Input data:

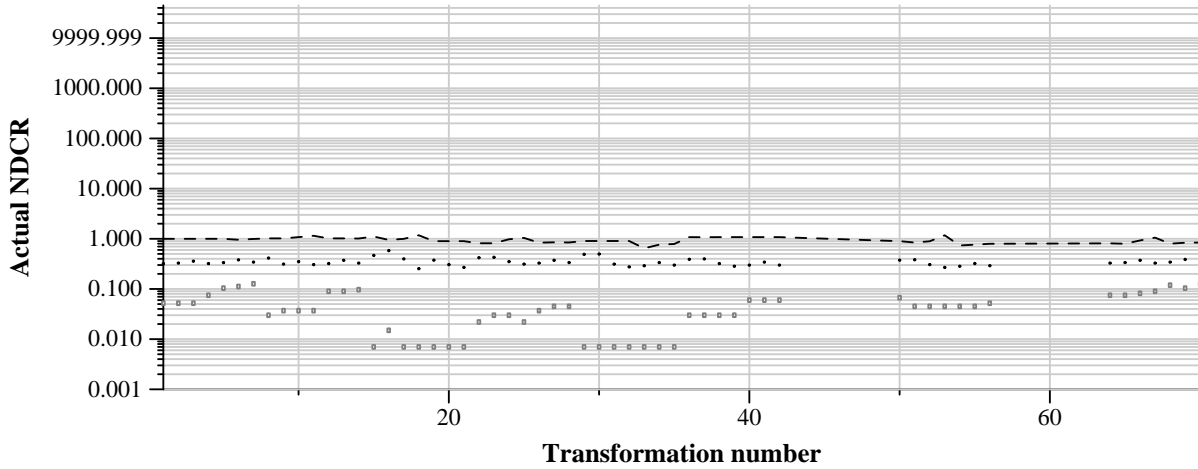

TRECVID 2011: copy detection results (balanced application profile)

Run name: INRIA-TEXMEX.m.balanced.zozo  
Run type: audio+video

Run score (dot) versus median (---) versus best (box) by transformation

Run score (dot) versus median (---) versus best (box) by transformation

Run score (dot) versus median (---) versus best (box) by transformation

...

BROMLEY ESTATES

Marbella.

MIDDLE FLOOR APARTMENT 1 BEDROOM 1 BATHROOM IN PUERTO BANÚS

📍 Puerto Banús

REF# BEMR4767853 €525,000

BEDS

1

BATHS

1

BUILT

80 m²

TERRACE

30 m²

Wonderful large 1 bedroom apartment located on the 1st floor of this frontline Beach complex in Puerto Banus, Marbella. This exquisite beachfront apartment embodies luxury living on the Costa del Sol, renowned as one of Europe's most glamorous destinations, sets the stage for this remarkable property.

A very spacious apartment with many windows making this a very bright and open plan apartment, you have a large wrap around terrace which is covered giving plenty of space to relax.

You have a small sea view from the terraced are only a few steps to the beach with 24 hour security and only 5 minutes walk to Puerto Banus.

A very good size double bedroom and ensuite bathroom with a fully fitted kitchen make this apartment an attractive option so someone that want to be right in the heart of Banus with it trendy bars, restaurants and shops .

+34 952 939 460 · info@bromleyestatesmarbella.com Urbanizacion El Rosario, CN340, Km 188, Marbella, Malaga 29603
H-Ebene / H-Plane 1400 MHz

What you should do: Going through the records above, count the lines that hold "very" and answer with the count alone.

Answer section: 2